Goal of the exercise: Below are entries; work out how many of their lines include the string "Artikelnummer", and reply with the number only.
*** Data for review
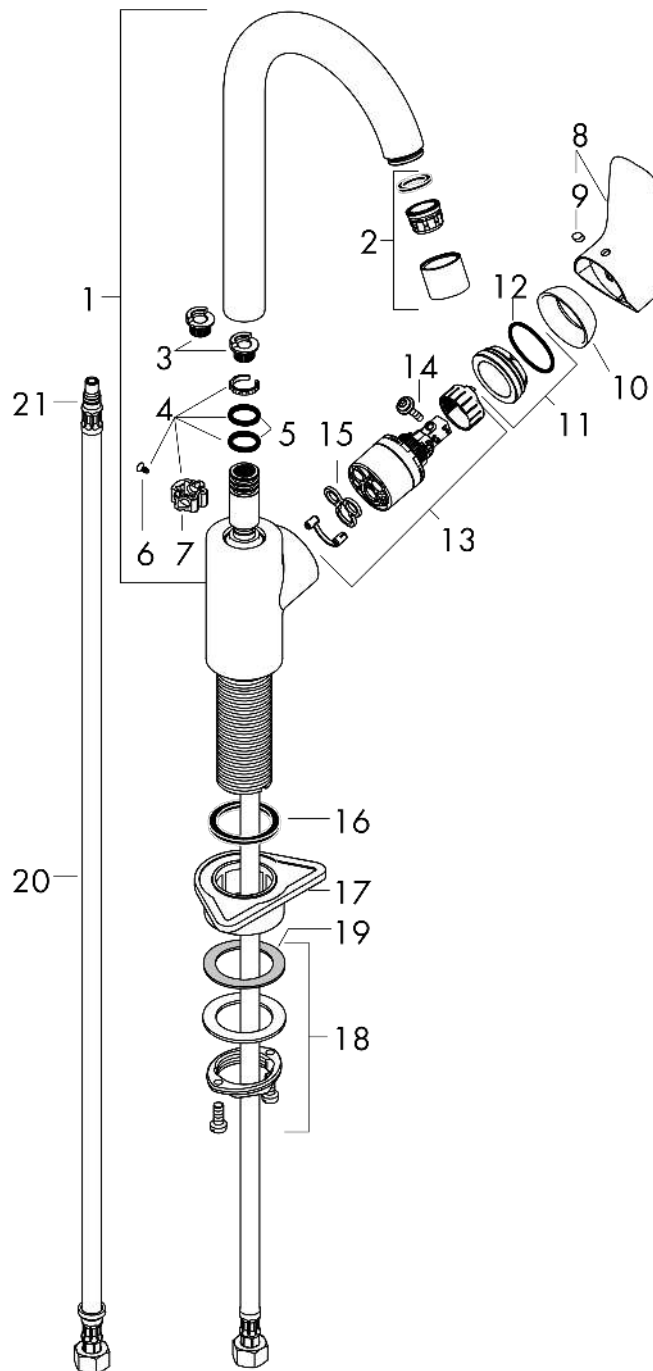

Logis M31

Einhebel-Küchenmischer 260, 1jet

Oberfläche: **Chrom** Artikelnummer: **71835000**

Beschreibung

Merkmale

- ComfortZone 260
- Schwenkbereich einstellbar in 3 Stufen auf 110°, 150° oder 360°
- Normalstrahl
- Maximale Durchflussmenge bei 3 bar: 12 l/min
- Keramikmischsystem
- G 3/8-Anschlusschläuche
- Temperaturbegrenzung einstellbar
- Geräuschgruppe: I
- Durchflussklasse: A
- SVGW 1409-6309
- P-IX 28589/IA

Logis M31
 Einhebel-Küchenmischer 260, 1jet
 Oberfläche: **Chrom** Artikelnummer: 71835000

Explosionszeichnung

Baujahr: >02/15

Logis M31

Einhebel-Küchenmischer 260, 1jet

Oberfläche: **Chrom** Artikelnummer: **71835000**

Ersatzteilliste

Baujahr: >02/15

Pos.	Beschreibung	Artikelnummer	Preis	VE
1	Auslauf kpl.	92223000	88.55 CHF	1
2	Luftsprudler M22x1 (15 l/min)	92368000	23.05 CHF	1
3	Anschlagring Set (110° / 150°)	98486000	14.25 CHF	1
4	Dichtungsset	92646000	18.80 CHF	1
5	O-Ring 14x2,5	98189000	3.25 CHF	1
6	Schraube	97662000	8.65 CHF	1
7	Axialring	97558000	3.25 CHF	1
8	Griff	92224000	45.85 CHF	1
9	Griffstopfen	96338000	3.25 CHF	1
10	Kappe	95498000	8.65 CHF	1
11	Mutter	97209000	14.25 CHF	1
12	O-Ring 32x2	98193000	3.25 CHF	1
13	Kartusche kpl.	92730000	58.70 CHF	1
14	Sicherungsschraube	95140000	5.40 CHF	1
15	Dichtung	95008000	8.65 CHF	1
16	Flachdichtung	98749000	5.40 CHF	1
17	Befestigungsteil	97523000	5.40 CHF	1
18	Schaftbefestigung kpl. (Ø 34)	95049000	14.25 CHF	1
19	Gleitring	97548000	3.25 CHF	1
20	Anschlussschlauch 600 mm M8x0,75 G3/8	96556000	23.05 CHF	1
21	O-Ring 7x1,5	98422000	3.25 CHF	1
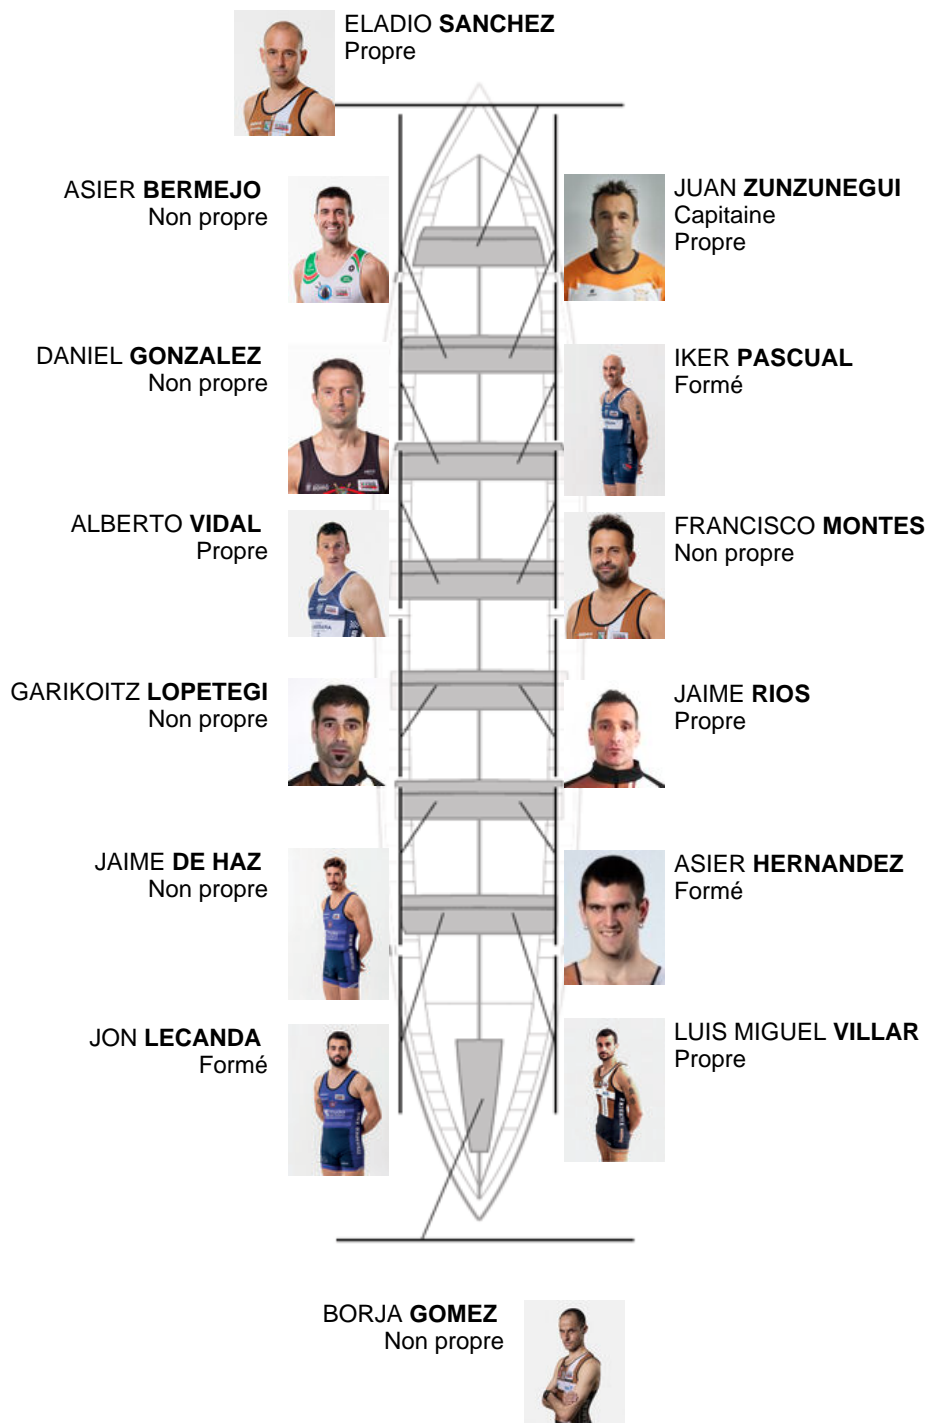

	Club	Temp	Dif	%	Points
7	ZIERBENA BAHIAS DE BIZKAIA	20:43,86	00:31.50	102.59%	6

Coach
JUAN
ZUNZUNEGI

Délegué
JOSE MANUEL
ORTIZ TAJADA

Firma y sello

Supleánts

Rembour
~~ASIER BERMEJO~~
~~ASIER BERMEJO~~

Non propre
******
Response to this task: 4